Hepatic glycogenolysis and hypometabolism induced by chemogenetic stimulation of C1 neurons.

Autor: Abe C; Department of Physiology, Gifu University Graduate School of Medicine, Gifu, Japan.; Preemptive Food Research Center (PFRC), Gifu University Institute for Advanced Study, Gifu, Japan., Katayama C; Department of Physiology, Gifu University Graduate School of Medicine, Gifu, Japan., Bazek M; Department of Physiology, Gifu University Graduate School of Medicine, Gifu, Japan., Ohbayashi K; Laboratory of Animal Science, Graduate School of Life and Environmental Sciences, Kyoto Prefectural University, Kyoto, Japan., Horii K; Department of Physiology, Gifu University Graduate School of Medicine, Gifu, Japan., Tanida M; Department of Physiology II, Kanazawa Medical University, Ishikawa, Japan., Nin F; Department of Physiology, Gifu University Graduate School of Medicine, Gifu, Japan., Iwasaki Y; Laboratory of Animal Science, Graduate School of Life and Environmental Sciences, Kyoto Prefectural University, Kyoto, Japan.
Jazyk: angličtina
Zdroj: The Journal of physiology [J Physiol] 2023 Jun; Vol. 601 (12), pp. 2293-2306. Date of Electronic Publication: 2023 May 11.
DOI: 10.1113/JP284319
Abstrakt: The precise regulation of blood glucose levels is indispensable for maintaining physiological functions. C1 neurons determine the outflow of the autonomic nervous and endocrine systems to maintain blood glucose levels in the body. In contrast, activation of C1 neurons induces a decrease in activity, suggesting that hypoactivity also participates in maintaining blood glucose levels.

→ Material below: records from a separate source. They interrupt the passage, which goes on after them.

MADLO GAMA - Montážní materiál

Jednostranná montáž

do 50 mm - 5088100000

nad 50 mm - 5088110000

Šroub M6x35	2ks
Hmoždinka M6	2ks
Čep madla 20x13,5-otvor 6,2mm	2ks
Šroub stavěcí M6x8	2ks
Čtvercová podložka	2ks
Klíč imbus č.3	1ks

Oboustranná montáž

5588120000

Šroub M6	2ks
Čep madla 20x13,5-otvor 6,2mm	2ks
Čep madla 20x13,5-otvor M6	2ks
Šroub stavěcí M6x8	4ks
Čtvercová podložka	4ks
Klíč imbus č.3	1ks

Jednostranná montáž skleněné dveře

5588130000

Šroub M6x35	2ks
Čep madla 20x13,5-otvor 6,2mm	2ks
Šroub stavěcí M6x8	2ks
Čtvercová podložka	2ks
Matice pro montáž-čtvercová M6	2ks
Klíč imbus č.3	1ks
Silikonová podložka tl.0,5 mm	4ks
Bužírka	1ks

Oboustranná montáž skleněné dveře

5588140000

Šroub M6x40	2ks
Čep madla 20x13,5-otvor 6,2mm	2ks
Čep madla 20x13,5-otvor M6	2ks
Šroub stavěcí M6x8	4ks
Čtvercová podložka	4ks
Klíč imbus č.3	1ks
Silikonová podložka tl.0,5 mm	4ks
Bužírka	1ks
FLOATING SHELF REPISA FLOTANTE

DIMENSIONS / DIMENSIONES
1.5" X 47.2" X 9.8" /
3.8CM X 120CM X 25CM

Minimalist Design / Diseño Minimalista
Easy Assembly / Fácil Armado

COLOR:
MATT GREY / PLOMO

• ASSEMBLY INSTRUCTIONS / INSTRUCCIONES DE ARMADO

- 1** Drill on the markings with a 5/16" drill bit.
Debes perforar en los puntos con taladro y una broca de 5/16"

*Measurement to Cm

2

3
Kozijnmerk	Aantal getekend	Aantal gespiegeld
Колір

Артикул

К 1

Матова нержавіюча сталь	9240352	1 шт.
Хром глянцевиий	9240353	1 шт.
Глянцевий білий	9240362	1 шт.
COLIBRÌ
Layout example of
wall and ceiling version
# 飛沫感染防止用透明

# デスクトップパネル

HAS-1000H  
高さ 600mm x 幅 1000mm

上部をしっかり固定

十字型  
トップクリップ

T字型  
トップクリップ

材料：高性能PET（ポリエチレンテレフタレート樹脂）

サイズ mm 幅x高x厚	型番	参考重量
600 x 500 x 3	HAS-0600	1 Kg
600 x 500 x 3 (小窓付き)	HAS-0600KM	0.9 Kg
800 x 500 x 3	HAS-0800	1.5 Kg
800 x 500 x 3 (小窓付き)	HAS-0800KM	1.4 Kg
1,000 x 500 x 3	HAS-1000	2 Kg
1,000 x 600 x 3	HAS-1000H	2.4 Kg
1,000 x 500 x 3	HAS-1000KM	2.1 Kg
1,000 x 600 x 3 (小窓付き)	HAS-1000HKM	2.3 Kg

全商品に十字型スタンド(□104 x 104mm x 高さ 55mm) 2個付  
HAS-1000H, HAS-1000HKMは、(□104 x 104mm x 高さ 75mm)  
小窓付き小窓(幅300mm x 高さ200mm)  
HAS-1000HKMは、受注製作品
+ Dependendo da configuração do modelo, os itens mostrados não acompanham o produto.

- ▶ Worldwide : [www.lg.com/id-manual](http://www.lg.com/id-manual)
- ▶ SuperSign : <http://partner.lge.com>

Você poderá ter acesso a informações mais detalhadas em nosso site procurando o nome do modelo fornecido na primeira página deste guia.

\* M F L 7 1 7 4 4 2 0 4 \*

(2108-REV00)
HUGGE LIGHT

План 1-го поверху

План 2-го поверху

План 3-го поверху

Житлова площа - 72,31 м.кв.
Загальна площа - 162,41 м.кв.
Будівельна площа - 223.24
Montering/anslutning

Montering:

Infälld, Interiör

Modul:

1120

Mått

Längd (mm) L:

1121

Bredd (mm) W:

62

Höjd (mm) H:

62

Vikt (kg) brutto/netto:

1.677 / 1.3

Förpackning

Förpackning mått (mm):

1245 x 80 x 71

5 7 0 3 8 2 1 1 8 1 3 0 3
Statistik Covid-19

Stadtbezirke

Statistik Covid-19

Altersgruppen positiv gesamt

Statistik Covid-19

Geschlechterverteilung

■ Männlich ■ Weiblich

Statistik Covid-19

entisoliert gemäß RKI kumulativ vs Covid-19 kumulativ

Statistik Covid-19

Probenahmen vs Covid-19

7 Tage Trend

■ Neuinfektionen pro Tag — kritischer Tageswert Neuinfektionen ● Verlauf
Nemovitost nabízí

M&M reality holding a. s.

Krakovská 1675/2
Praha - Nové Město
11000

To examine this, we evaluated both glycogenolysis and hypometabolism induced by the selective activation of C1 neurons. We used Dbh Cre/0 mice expressing receptors for chemogenetic tools in C1 neurons, resulting from microinjection of the viral vector. C1 neurons were activated by intraperitoneal injection of clozapine N-oxide (CNO). The chemogenetic activation of C1 neurons significantly decreased body temperature, oxygen consumption and carbon dioxide production. On the other hand, blood glucose levels were increased by activation of C1 neurons 2 h after CNO administration, even in the fasting state. In this situation, an increase in glucagon and corticosterone levels was observed, while hepatic glycogen content decreased significantly. Plasma insulin levels were not changed by the activation of C1 neurons despite the increase in blood glucose level. Furthermore, adrenal sympathetic nerve activity was significantly increased by the activation of C1 neurons, and plasma catecholamine levels increased significantly. In conclusion, the selective activation of C1 neurons using chemogenetic tools induced an increase in blood glucose levels, probably as a result of hepatic glycogenolysis and hypometabolism. KEY POINTS: Chemogenetic activation of C1 neurons in medulla oblongata decreased body temperature. Oxygen consumption and carbon dioxide production were decreased by chemogenetic activation of C1 neurons in medulla oblongata. Blood glucose levels were increased by chemogenetic activation of C1 neurons in medulla oblongata. Chemogenetic activation of C1 neurons in medulla oblongata increased glucagon, corticosterone and catecholamine levels in plasma. An increase in blood glucose levels by activation of C1 neurons occurred due to the combined effect of hepatic glycogenolysis and hypometabolism.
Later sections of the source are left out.